• Work required
From the line containing "Power Consumption (without" to the last line of the records, please reproduce every line exactly and nothing more.

• Material supplied

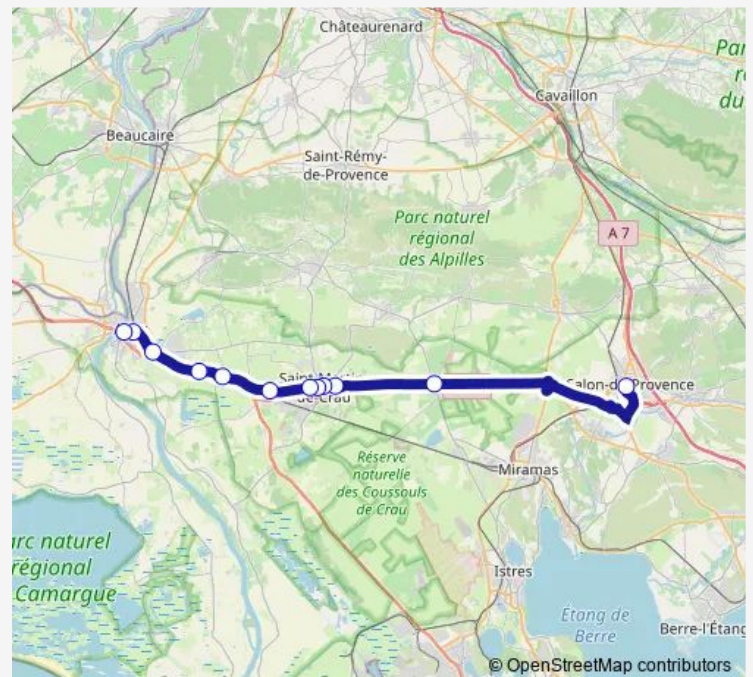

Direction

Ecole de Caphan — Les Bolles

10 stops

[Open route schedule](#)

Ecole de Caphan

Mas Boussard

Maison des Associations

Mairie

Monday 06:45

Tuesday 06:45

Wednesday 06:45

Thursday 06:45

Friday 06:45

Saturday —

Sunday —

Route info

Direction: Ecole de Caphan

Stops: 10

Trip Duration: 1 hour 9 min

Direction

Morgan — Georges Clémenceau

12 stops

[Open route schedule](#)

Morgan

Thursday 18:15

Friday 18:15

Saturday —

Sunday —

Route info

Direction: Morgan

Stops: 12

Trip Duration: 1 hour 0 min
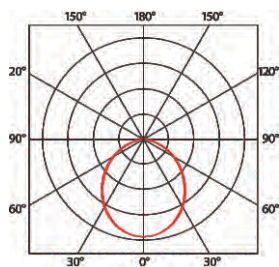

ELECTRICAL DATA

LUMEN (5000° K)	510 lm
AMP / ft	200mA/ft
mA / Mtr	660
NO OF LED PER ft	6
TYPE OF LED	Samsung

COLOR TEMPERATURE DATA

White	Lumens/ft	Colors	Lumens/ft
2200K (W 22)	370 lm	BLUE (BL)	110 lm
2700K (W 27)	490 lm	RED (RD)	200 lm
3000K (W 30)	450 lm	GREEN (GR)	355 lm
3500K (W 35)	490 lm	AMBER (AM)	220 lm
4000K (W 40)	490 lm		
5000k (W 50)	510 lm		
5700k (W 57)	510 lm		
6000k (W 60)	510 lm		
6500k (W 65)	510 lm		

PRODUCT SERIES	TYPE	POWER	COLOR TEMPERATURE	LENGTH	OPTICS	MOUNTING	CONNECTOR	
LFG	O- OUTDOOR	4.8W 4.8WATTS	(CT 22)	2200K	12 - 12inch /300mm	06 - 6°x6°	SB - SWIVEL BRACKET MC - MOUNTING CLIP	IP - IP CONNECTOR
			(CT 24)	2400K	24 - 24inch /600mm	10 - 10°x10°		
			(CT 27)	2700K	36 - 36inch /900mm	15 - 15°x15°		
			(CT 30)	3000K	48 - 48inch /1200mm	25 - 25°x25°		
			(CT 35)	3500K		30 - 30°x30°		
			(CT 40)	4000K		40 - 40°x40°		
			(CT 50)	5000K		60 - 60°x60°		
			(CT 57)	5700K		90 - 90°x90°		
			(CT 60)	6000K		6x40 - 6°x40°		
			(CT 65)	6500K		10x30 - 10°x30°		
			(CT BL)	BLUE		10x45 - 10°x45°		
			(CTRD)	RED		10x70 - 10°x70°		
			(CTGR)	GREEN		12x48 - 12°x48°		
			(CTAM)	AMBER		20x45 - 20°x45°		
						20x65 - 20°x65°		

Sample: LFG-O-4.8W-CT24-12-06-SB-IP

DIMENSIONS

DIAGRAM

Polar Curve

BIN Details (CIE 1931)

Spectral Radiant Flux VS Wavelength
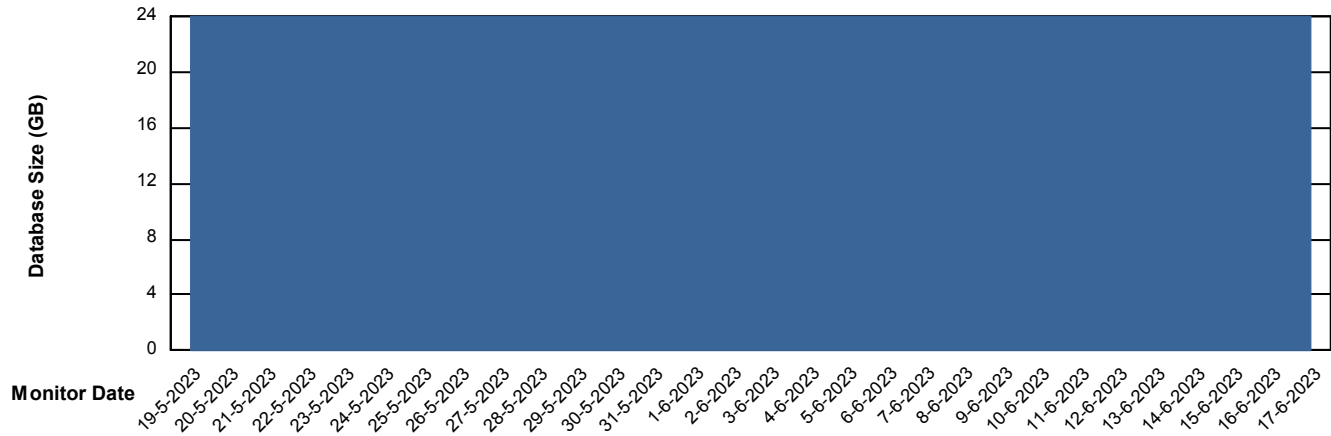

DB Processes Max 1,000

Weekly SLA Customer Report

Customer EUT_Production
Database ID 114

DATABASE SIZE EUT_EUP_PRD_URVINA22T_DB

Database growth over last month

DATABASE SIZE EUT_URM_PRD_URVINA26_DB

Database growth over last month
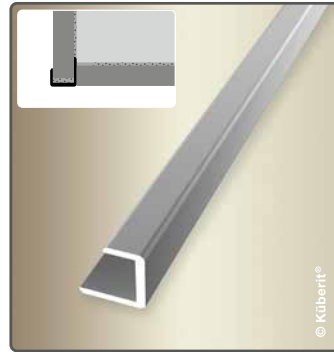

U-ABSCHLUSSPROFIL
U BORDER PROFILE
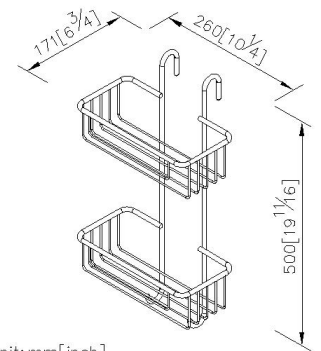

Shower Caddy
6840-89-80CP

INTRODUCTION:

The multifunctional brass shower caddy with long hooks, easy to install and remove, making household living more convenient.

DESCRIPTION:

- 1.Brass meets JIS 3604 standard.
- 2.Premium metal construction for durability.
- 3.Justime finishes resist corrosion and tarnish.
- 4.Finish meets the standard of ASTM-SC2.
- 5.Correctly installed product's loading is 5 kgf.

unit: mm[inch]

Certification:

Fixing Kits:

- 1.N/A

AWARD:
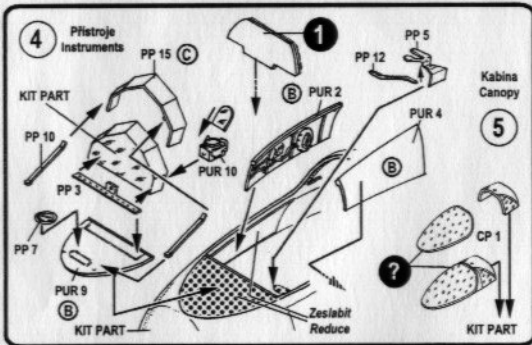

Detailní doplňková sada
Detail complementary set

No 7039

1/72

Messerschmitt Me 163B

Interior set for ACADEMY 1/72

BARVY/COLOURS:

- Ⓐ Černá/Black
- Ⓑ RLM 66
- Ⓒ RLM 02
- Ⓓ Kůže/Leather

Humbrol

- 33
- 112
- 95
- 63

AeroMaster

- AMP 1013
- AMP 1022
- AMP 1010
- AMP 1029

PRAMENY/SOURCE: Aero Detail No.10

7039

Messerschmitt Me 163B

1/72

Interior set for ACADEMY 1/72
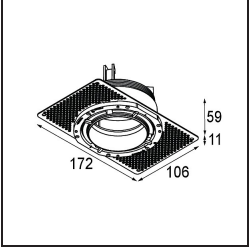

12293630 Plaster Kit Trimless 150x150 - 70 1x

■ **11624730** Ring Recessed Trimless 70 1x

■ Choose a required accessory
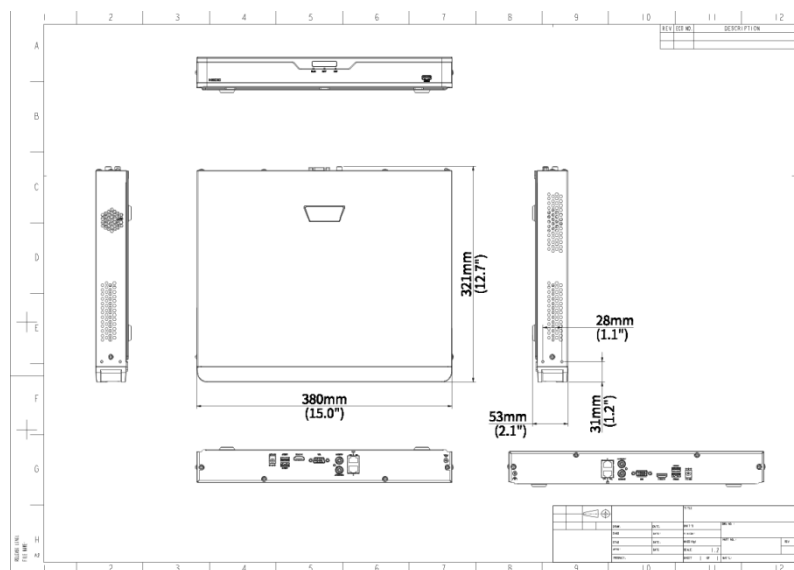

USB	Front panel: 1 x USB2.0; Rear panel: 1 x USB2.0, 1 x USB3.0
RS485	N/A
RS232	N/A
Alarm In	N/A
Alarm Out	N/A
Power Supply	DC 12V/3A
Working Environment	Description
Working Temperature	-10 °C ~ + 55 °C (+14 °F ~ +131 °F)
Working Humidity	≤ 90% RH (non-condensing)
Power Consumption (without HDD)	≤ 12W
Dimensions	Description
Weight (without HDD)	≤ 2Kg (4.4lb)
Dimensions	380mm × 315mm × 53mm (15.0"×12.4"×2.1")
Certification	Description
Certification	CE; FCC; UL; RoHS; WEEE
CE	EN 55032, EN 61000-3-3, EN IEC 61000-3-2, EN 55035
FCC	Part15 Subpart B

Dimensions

• Worked solution
Power Consumption (without HDD)	≤ 12W
Dimensions	Description
Weight (without HDD)	≤ 2Kg (4.4lb)
Dimensions	380mm × 315mm × 53mm (15.0"×12.4"×2.1")
Certification	Description
Certification	CE; FCC; UL; RoHS; WEEE
CE	EN 55032, EN 61000-3-3, EN IEC 61000-3-2, EN 55035
FCC	Part15 Subpart B

Dimensions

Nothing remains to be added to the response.